▶ [DATA]
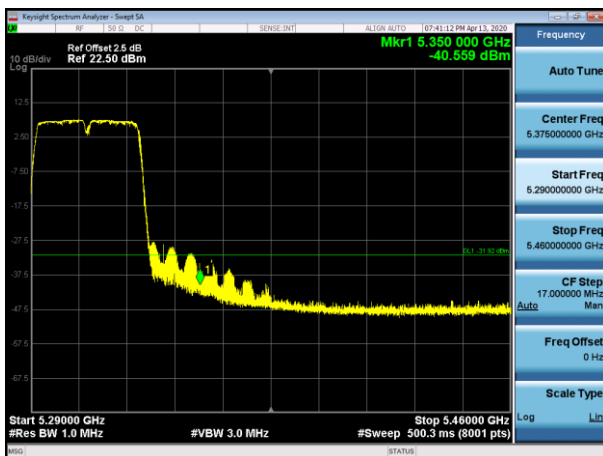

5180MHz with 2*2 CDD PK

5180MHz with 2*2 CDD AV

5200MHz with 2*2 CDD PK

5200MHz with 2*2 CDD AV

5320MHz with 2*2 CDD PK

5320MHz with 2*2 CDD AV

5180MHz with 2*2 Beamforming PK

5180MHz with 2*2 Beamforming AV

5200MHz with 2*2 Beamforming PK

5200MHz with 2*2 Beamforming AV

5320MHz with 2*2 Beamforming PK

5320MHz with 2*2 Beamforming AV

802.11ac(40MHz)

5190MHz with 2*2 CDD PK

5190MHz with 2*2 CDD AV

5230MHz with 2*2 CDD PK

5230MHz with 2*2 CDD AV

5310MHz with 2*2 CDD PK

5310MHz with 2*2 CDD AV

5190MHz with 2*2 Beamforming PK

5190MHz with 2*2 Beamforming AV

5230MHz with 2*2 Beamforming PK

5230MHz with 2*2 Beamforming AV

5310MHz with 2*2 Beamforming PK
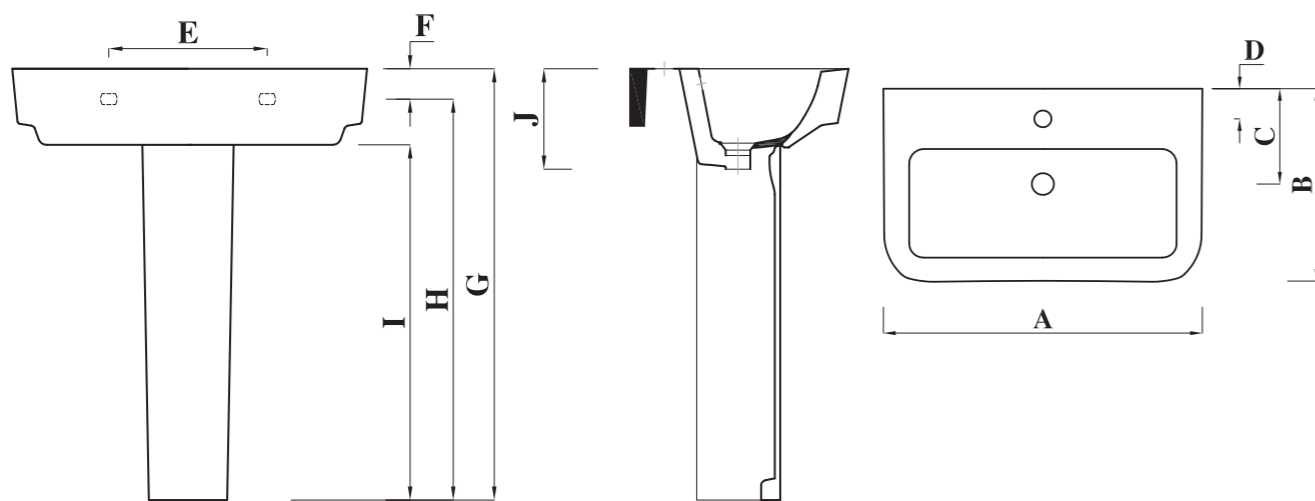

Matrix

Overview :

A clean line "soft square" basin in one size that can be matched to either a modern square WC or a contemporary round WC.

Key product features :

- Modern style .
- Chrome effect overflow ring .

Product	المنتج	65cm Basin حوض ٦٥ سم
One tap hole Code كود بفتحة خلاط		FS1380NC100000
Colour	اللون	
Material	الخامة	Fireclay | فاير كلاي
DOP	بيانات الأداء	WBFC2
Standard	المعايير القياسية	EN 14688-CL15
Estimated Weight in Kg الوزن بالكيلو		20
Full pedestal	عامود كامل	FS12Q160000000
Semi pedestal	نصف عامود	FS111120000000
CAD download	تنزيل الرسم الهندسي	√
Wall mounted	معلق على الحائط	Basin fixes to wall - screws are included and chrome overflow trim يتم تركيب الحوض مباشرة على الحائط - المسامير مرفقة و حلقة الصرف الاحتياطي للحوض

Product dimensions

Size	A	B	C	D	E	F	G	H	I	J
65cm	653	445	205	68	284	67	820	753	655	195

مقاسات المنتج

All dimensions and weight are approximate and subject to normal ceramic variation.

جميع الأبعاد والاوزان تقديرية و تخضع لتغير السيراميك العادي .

* * *

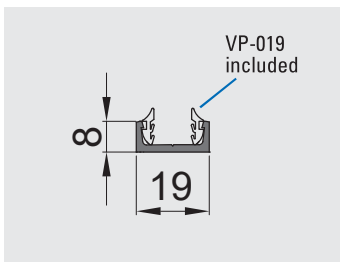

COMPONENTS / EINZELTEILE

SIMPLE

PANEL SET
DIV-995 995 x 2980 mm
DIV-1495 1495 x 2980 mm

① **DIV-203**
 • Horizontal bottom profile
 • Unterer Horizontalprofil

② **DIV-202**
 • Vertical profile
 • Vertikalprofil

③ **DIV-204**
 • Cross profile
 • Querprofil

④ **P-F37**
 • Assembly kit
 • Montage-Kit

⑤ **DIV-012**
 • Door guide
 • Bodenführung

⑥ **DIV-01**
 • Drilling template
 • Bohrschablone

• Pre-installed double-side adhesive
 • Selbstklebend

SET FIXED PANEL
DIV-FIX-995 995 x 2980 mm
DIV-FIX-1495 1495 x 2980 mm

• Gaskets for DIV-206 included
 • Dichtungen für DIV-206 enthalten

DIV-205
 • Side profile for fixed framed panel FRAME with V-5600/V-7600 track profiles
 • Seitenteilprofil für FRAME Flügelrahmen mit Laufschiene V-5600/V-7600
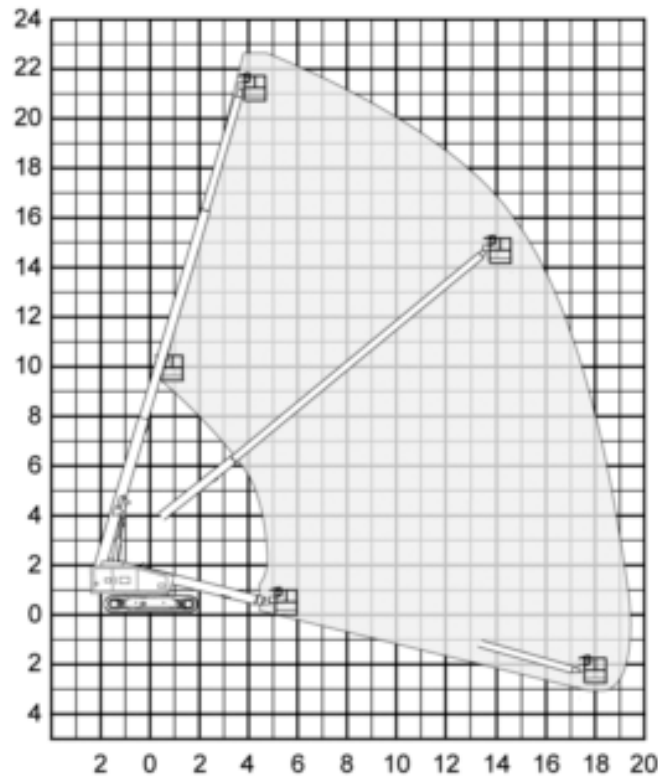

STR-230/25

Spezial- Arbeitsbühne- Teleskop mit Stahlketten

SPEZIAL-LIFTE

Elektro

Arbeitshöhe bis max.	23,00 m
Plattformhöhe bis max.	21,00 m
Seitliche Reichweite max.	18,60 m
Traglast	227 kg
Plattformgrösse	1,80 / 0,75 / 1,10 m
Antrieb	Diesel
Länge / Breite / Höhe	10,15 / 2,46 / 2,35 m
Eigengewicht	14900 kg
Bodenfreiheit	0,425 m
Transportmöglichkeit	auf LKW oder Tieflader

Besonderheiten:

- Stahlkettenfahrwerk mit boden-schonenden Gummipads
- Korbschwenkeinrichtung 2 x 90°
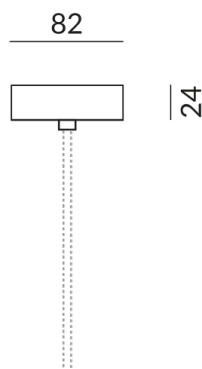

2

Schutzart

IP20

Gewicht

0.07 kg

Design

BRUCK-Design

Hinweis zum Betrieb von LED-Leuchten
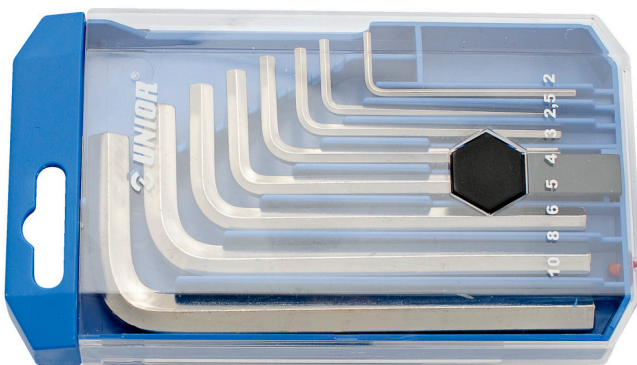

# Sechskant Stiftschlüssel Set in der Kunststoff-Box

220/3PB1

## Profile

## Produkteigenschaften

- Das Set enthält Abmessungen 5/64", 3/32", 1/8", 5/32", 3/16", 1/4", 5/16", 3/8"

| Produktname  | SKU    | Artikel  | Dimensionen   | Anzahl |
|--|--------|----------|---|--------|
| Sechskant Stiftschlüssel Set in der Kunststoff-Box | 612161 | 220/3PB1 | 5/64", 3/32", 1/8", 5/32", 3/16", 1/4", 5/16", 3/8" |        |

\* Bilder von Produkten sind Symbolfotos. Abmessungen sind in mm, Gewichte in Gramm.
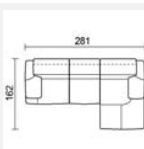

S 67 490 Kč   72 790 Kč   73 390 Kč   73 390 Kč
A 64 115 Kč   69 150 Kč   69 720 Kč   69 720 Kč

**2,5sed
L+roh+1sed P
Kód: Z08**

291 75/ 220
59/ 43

▶ [WHAT TO DO]
Please repeat the lines of the material above exactly, starting with the line that contains "5230MHz with 2*2 Beamforming PK" and ending with the line that contains "A clean line". Leave the pictures out.

▶ [OUTPUT FOR THIS EXERCISE]
5230MHz with 2*2 Beamforming PK

5230MHz with 2*2 Beamforming AV

5310MHz with 2*2 Beamforming PK

Matrix

Overview :

A clean line "soft square" basin in one size that can be matched to either a modern square WC or a contemporary round WC.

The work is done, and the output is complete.